Law School Case Brief
Brigance v. Vail Summit Resorts, Inc. - 883 F.3d 1243 (10th Cir. 2018)
The Colorado Supreme Court has instructed courts to consider the following four factors when determining the enforceability of an exculpatory agreement: (1) the existence of a duty to the public; (2) the nature of the service performed; (3) whether the contract was fairly entered into; and (4) whether the intention of the parties is expressed in clear and unambiguous language. It appears that if an exculpatory agreement satisfies any of the four factors, it must be deemed unenforceable. Although consideration of these factors is generally sufficient to determine the enforceability of exculpatory agreements, the Colorado Supreme Court has clarified that other public policy considerations not necessarily encompassed in the Jones v. Dressel factors may invalidate exculpatory agreements.
During a ski lesson at Keystone Mountain Resort ("Keystone"), plaintiff appellant Dr. Teresa Brigance's ski boot became wedged between the ground and the chairlift. She was unable to unload but the chairlift kept moving, which caused her femur to fracture. Dr. Brigance filed suit against defendant appellee Vail Summit Resorts, Inc. ("VSRI"), raising claims of (1) negligence, (2) negligence per se, (3) negligent supervision and training, (4) negligence (respondeat superior), (5) negligent hiring, and (6) violation of the Colorado Premises Liability Act (the "PLA"), Colo. Rev. Stat. § 13-21-115. The district court dismissed Dr. Brigance's negligence and negligence per se claims at the motion to dismiss stage. After discovery, the district court granted VSRI's motion for summary judgment on the remaining claims, concluding the waiver Dr. Brigance signed before participating in her ski lesson, as well as the waiver contained on the back of her lift ticket, are enforceable and bar her claims against VSRI.
Did any of the factors for determining the enforceability of an exculpatory agreement preclude the enforcement of a Ski School Waiver or Lift Ticket Waiver?

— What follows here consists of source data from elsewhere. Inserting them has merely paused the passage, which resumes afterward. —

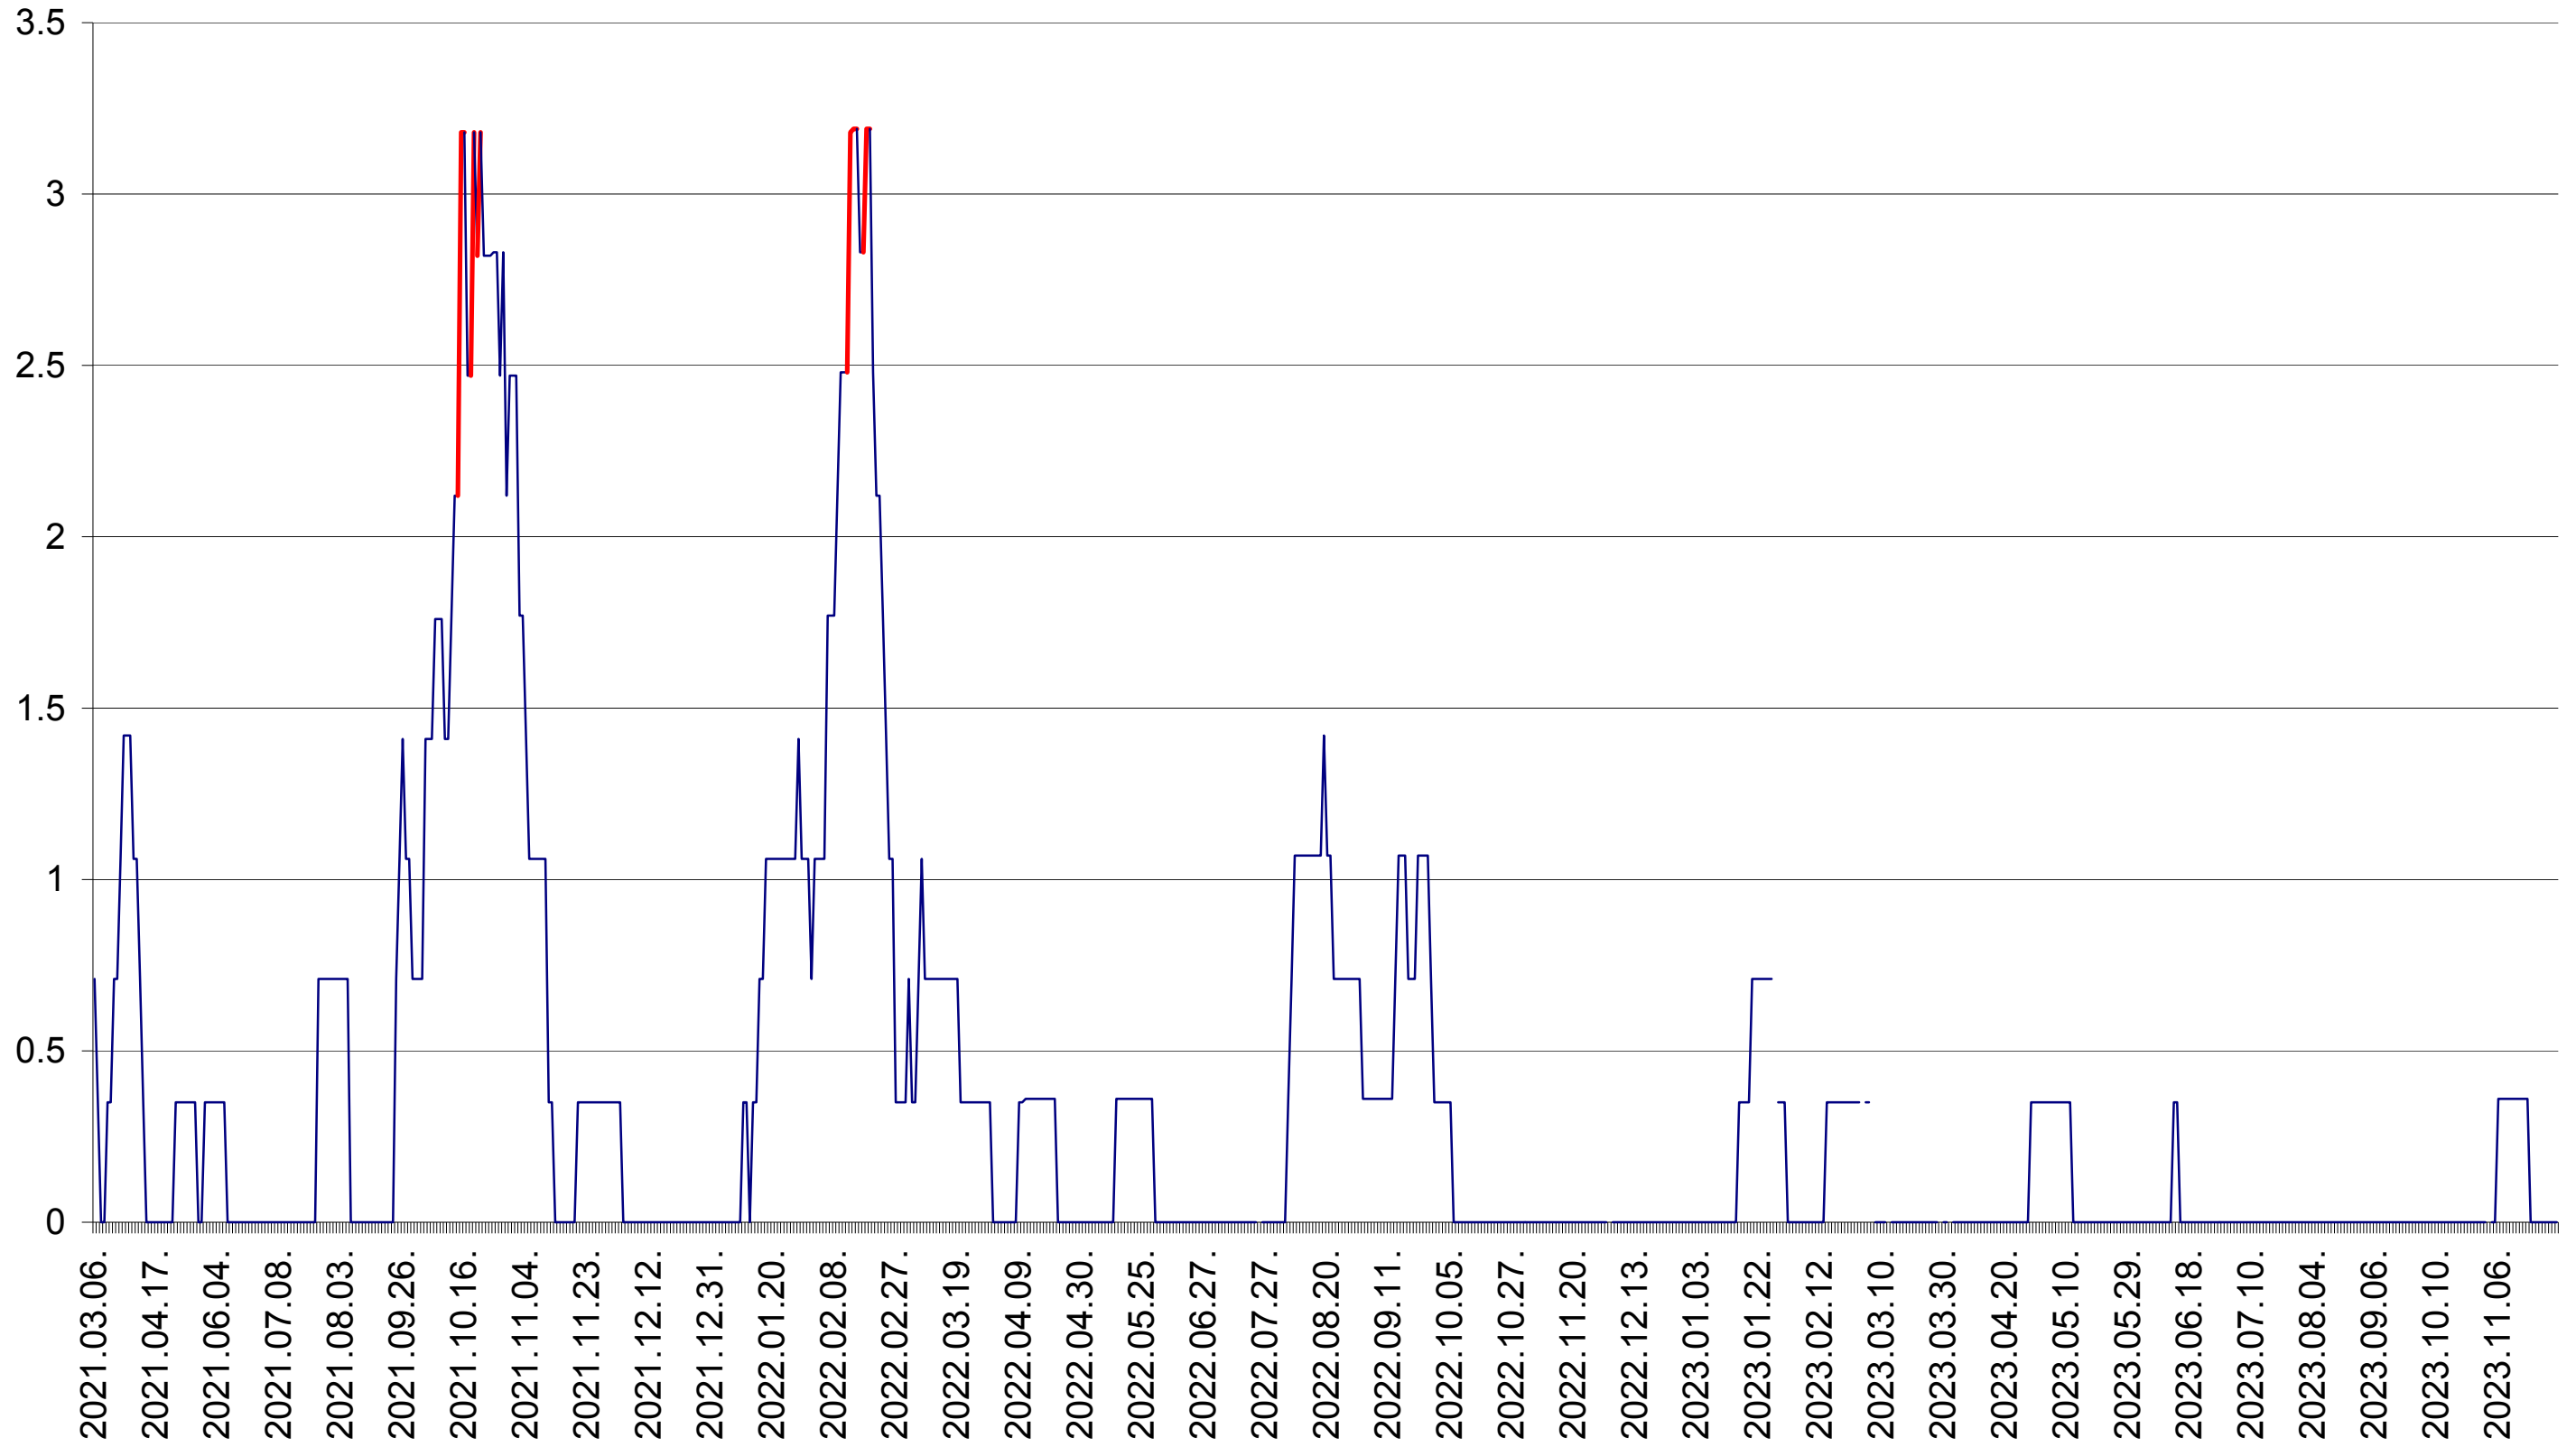

PORUMBENI - Evolutia incidentei cumulate pe 14 zile la ‰ de locuitori
2021.03.07. - 2023.12.04.

PLĂIEȘII DE JOS - Evolutia incidentei cumulate pe 14 zile la ‰ de locuitori
2021.03.07. - 2023.12.04.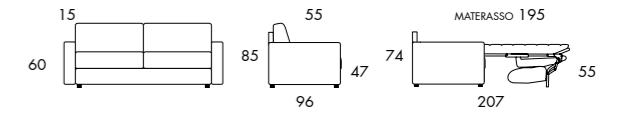

BRACCIOLO/ARMREST **DORADO** 15 CM

BRACCIOLO/ARMREST **LIRA** 10 CM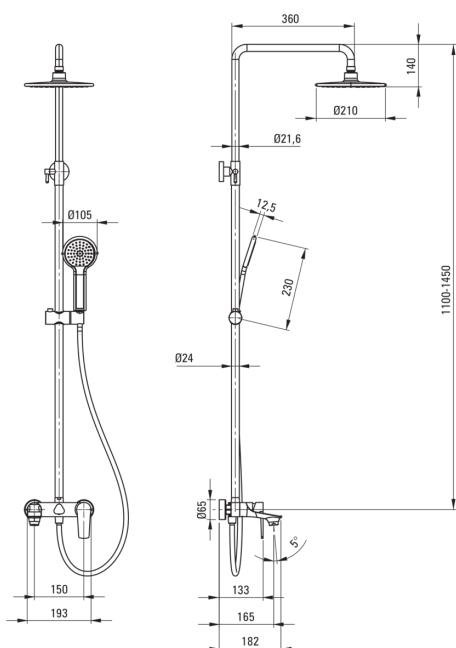

TUBO

Colonne de douche, avec mitigeur de baignoire

Code produit: NAC_01UM

EAN: 5907650851943

Couleur: chrome

Garantie [années]: 5

Colonnes de douche

Finition	chrome
Mitigeur	Oui
Réglage de la hauteur de la tête de pluie	Oui
Réglage de la hauteur de la barre de [mm]	1100
Réglage de la hauteur de la barre jusqu'à [mm]	1450

La barre

Matériel	acier inoxydable 304
Caractéristiques supplémentaires	angle de pommeau de douche réglable

Pommeau de douche

Forme	rond
Matériel	ABS, cuivre
Diamètre [mm]	210
Anti-calcaire	Oui
Nombre de fonctions	1
Types de flux	pluie de douche

Mitigeur

Type de mitigeur	mixer, mono-manche
------------------	--------------------

Caractéristiques:

- Barre d'acier
- Seuls les meilleurs matériaux, dont la qualité a été confirmée par des tests en laboratoire
- Système anti-calcaire pour une élimination facile du calcaire
- Le corps du mitigeur est en cuivre de la plus haute qualité
- Hauteur de la douche pluie réglable
- Angle du casque réglable
- Agent de nettoyage dédié, sans danger pour les surfaces nettoyées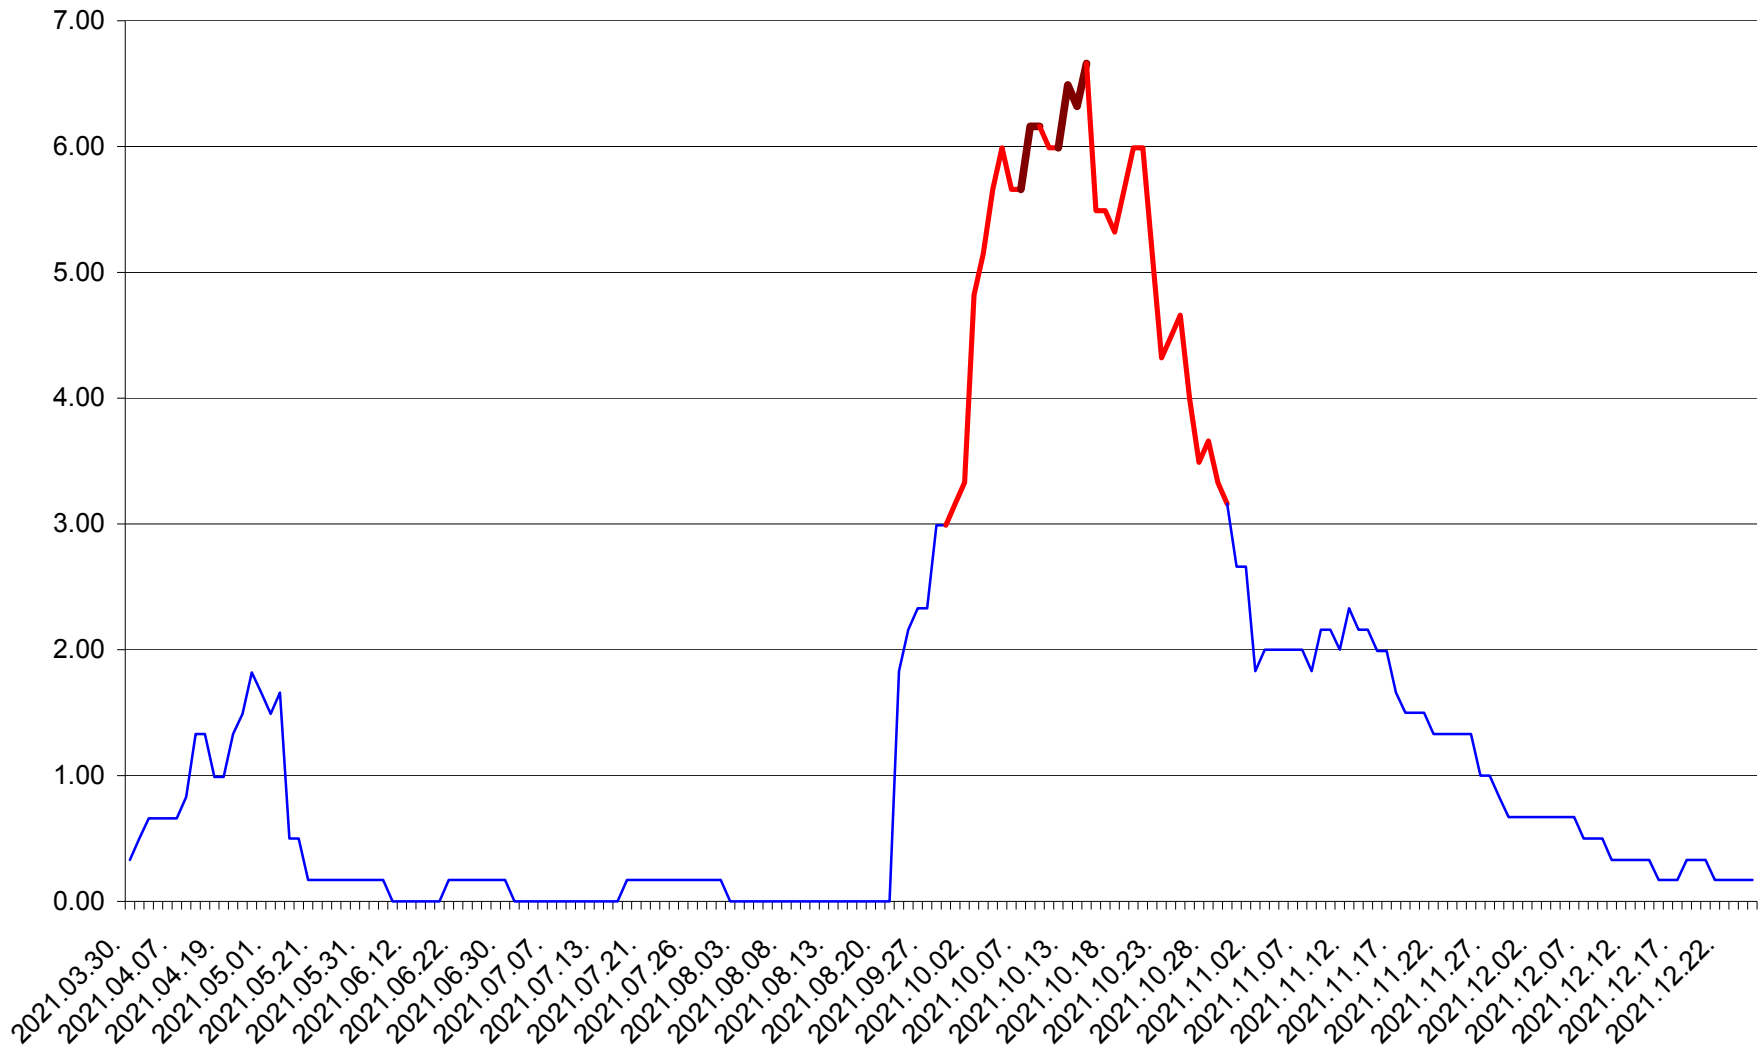

ZETEA - Evolutia incidentei cumulate pe 14 zile la ‰ de locuitori  
2021.03.30. - 2021.12.25.

Total - Evolutia incidentei cumulate pe 14 zile la ‰ de locuitori  
2021.03.30. - 2021.12.25.

The United States Court of Appeals for the Tenth Circuit affirmed the district court's grant of summary judgment in favor of VSRI and the partial grant of the VSRI's motion to dismiss. The Court examined each of the Jones v. Dressel factors for determining the enforceability of an exculpatory agreement. It led to the conclusion that none of them precluded enforcement of a Ski School Waiver or Lift Ticket Waiver. The factors included the existence of a duty to the public, the nature of the service performed, whether the contract was fairly entered into, and whether the intention of the parties was expressed in clear and unambiguous language. The Court held that the district court properly determined that the provisions of the Colorado Ski Safety Act of 1979 and the Passenger Tramway Safety Act had no effect on the enforceability of defendant ski resort's waivers. Colorado law had long permitted parties to contract away negligence claims in the recreational context. The Court further explained that although analysis of the Jones factors is often sufficient to determine the validity of an exculpatory agreement, the Colorado Supreme Court has identified other public policy considerations invalidating exculpatory agreements, without regard to the Jones factors. The Court held that Colorado's relatively permissive public policy toward recreational releases is one that means some losses go uncompensated. The Court concluded that Dr. Brigance's claims were barred by the waivers.